Thanks for the reproducer.
I'll try it myself when I get to it.

> So what do we conclude? Is this a kernel bug or works as designed?
>

Exposing EOPENSTALE to userspace is definitely a kernel bug.


>> Oh my. I completely misread your report before. I though you were
>> trying to read from the event->fd. Now I understand that you mean read
>> from fanotify fd. That will definitely return the error, but only in
>> the special case where open error happened on the first event being
>> read to the buffer. If error happens after adding some events to the
>> buffer, fanotify process will not know about this.

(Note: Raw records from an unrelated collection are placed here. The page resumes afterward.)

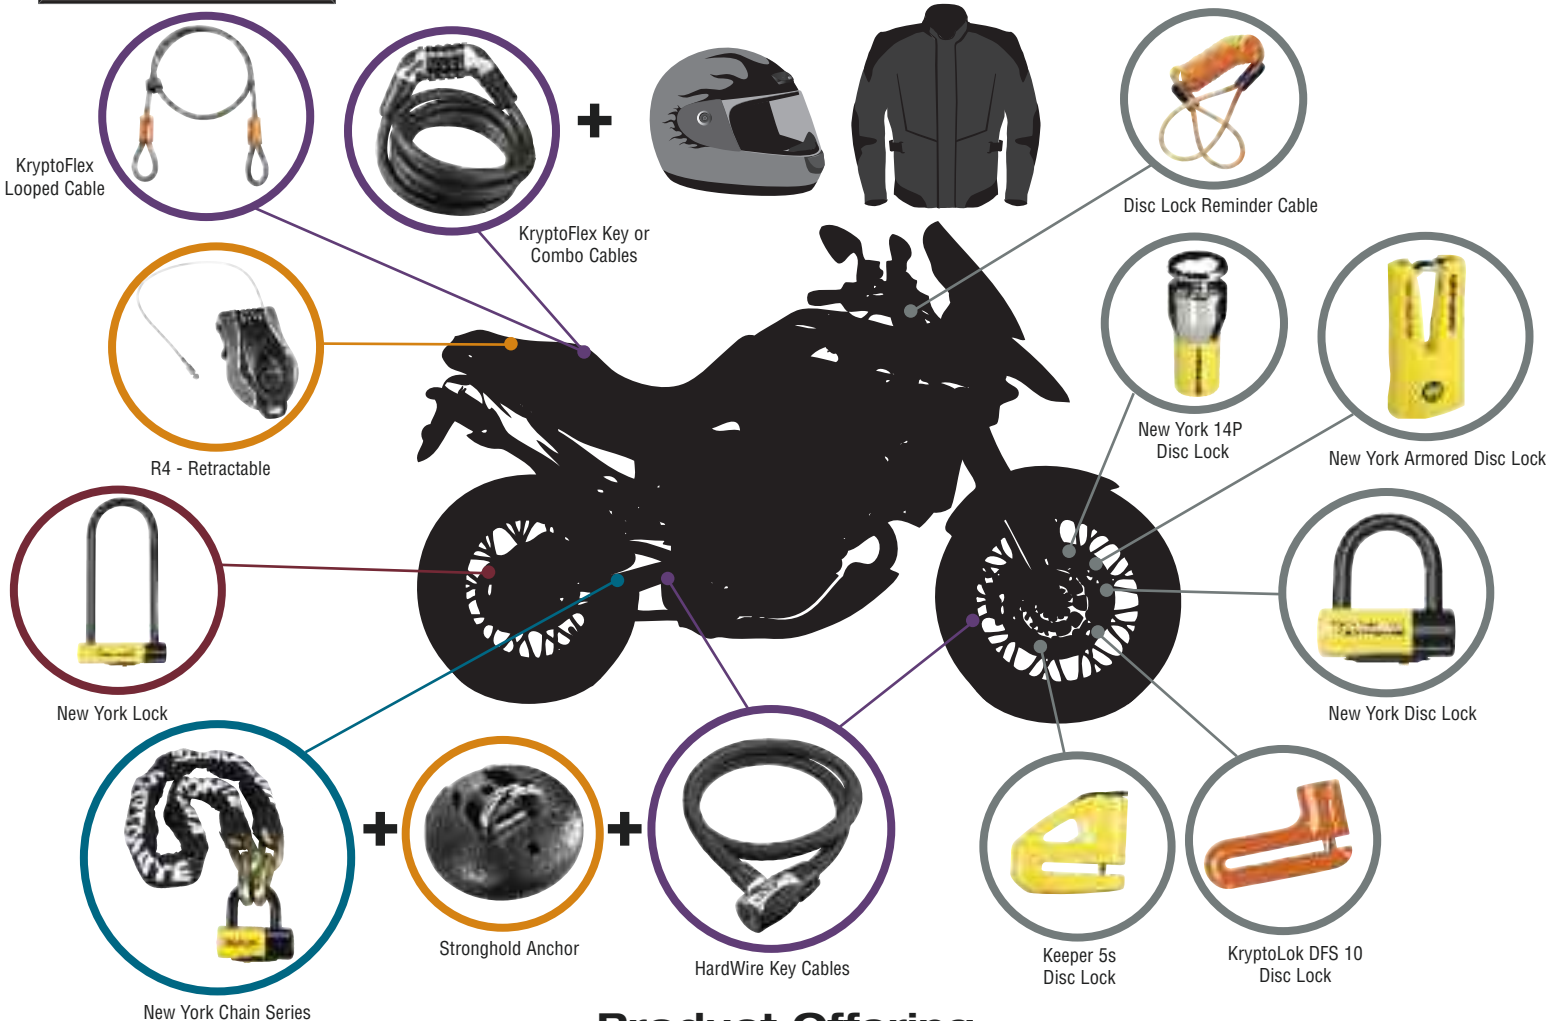

Product Offering

Chains

Model	SKU #
New York Legend	999508, 999577
New York Fahgettaboudit	999485, 999492
New York Chain	999515, 999522
New York Noose	999539, 999546

Disc Locks

Model	SKU #
New York Armored	000433
New York 14P	000426
New York Lock	998457
Evolution series 4	999591, 999614, 999607, 999621
KryptoLok series 2	999454
KryptoLok DFS 10	998631, 998648, 998655
Keeper 5-S	998679, 998686
Reminder cable	340102

U-Locks

Model	SKU #
New York Fahgettaboudit	997986
New York Lock	180104, 180111
Evolution series 4	999355, 999348
KryptoLok series 2	999393, 999386

Cables

Model	SKU #
HardWire	999836, 999843, 999867
KryptoFlex-Key	210412, 999805, 999829
KryptoFlex-Combo	994558, 999928, 999942
KryptoFlex Looped	210719, 210818, 210610, 830504

Specialty & Accessories

Model	SKU #
Stronghold Anchor	330202
R4 - Retractable	998600

Regular event will
>> be silently dropped and permission event will be denied.
>>
>> [...]
>>
>> You do NOT need to call fanotify_init() again, the next read will read
>> the next event.
>
> It does appear that reading the fanotify fd again does the trick.
>
> However, the client gets an EPERM instead of ENOENT, which is a bit
> weird.
>

Why would the client get ENOENT? That EOPENSTALE event is already
consumed, the client reads the next event in the queue.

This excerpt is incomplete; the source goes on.